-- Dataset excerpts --
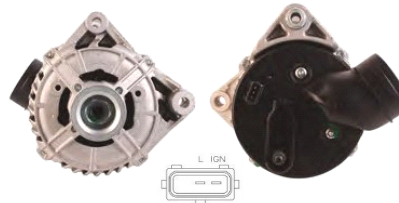

ALT1010

Features:
12V 120A (Pulley:6S)
Applications:
MercedesBenz Sprinter
(2006~04) Dodge Sprinter Van
2.7L

LESTER 12383
BOSCH 0123510082 0123510107 0123510108 0124515064
0124515091 0124515114 0986041590 0986042520 0986043660
0986043900 0986043907
LUCASLRA01861 LRA1861
MERCEDES 0101540902 0101545902 0101547802 0101549602
0111540402 0111540902 0111547802 0121542402 0121545402
VALEO 439540 SG12B087

ALT1011

Features:
12V 150A (Pulley:6S)
Applications:
MercedesBenz Sprinter
(2003~00) Freightliner Sprinter
Van 2.7L

LESTER 12384
WAI 1258901BO
BOSCH 0123520023 0124615015 0124615019 0124615033
0124615035 0986043910
LUCASLRA01879 LRA1879
MERCEDES 0111547002 0121544602

ALT1012

Features:
12V 120A (Pulley:6S)
Applications:
BMW 323I, 325I, 328I, 330I,
525I, 528I, 530I, X5, Z3

LESTER 13774 13846 13882
WAI 1252201BO 1251601VA
BMW 12311432987 12317501593 12317501595 12317501597
12317501599 12317501755 1432987
BOSCH 0124515050 0986041810
LUCASLRA02204 LRA2204 2541811B 2541963A 2542379A
436655 437366 439398 A13VI119 A14VI22 SG12B029

ALT1013

Features:
12V 140A (Pulley:6S)
Applications:
BMW X5 3.0i

LESTER 11098
WAI 439507
BMW 12317530086 12317532627 12317551252 12317551253
LUCASLRA02784 LRA2784
VALEO 437500 439507 SG14B019 SG14B020

ALT1014

-- Task objective --
Could you return the lines in the entries above that contain "BOSCH"?

-- Solution to this task --
BOSCH 0123510082 0123510107 0123510108 0124515064
BOSCH 0123520023 0124615015 0124615019 0124615033
BOSCH 0124515050 0986041810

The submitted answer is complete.